WHAT NEEDS TO BE DONE ::
Report the count of lines in the records below that hold the word "sada", omitting everything but the number.

++++ SUPPLIED MATERIAL

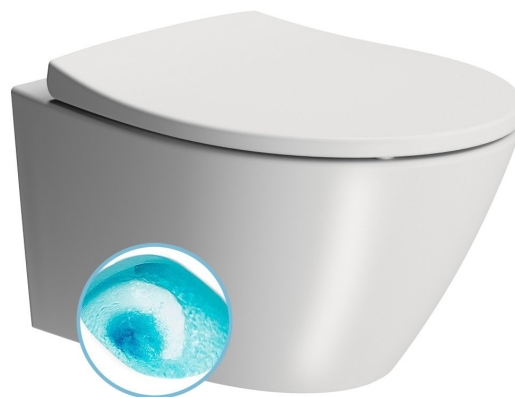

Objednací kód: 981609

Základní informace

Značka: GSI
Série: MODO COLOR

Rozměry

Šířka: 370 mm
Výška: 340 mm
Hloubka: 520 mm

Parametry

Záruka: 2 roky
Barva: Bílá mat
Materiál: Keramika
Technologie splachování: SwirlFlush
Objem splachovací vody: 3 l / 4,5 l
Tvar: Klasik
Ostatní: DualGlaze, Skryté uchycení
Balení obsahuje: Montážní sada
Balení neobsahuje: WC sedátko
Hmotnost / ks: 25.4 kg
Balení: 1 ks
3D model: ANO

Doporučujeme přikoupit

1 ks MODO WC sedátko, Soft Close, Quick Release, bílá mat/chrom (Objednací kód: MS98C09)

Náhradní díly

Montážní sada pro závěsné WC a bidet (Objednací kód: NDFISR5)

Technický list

++++++++
++++ SUPPLIED MATERIAL

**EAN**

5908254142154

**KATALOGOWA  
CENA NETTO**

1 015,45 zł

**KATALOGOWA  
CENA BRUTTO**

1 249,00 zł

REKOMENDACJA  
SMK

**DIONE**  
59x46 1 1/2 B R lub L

++++++++
++++ SUPPLIED MATERIAL

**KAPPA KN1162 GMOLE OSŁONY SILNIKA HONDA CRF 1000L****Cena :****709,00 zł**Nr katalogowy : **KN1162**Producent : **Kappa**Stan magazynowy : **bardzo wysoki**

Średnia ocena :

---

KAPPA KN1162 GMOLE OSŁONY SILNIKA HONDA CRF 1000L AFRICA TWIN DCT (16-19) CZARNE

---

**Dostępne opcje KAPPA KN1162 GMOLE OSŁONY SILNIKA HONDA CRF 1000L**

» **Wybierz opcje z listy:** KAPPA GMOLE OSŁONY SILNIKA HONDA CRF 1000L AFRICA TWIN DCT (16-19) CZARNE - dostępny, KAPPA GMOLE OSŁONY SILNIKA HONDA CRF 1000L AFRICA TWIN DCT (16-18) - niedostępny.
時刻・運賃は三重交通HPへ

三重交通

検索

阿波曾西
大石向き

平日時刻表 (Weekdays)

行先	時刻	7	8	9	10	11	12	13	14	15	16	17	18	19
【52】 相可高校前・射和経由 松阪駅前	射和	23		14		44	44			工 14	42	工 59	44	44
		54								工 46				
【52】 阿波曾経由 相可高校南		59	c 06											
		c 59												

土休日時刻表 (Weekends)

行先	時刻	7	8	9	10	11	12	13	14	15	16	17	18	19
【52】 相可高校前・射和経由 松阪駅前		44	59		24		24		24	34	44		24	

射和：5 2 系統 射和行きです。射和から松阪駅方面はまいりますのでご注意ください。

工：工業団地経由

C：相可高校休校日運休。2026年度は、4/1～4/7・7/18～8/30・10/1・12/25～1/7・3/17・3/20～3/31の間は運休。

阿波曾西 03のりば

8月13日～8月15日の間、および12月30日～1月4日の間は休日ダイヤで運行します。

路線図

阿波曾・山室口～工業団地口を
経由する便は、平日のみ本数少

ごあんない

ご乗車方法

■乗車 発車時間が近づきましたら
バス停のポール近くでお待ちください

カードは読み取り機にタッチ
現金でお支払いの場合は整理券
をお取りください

++++++++

WRITTEN RESPONSE ::
2